▶ _EXERCISE DETAILS_: Copy exactly, and only, the lines from the one containing "- BLACK PRINBALL MASHING U.S. # 9" through the last line of the records below.

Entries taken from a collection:
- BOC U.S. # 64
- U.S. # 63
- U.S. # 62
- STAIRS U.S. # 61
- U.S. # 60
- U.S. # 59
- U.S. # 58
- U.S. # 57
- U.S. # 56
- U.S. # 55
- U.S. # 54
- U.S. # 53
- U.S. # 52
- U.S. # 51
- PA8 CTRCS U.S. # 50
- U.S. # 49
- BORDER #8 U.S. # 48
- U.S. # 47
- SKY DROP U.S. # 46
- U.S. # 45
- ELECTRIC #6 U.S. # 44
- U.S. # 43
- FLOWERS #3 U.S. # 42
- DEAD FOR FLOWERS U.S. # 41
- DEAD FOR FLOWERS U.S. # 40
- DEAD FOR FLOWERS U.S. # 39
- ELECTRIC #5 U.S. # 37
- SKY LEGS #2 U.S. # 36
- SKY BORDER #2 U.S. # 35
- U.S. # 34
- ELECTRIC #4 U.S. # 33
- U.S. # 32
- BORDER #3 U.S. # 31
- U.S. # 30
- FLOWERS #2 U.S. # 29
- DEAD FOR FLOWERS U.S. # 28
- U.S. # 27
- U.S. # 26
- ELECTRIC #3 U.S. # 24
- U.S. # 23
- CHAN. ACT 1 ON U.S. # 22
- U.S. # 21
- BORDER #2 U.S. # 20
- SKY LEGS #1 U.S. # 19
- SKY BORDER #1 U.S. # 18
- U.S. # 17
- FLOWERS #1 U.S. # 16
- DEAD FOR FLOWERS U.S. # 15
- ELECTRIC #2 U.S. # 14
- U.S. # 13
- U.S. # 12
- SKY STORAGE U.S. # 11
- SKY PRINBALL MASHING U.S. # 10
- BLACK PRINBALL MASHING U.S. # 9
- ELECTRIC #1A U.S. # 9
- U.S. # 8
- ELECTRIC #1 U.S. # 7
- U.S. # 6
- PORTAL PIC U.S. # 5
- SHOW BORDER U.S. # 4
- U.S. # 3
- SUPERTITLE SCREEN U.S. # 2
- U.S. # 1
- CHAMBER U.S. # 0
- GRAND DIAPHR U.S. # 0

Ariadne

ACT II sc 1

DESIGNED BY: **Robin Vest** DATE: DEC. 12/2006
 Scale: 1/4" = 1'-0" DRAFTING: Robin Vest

▶ _TASK ANSWER_:
- BLACK PRINBALL MASHING U.S. # 9
- ELECTRIC #1A U.S. # 9
- U.S. # 8
- ELECTRIC #1 U.S. # 7
- U.S. # 6
- PORTAL PIC U.S. # 5
- SHOW BORDER U.S. # 4
- U.S. # 3
- SUPERTITLE SCREEN U.S. # 2
- U.S. # 1
- CHAMBER U.S. # 0
- GRAND DIAPHR U.S. # 0

Ariadne

ACT II sc 1

DESIGNED BY: **Robin Vest** DATE: DEC. 12/2006
 Scale: 1/4" = 1'-0" DRAFTING: Robin Vest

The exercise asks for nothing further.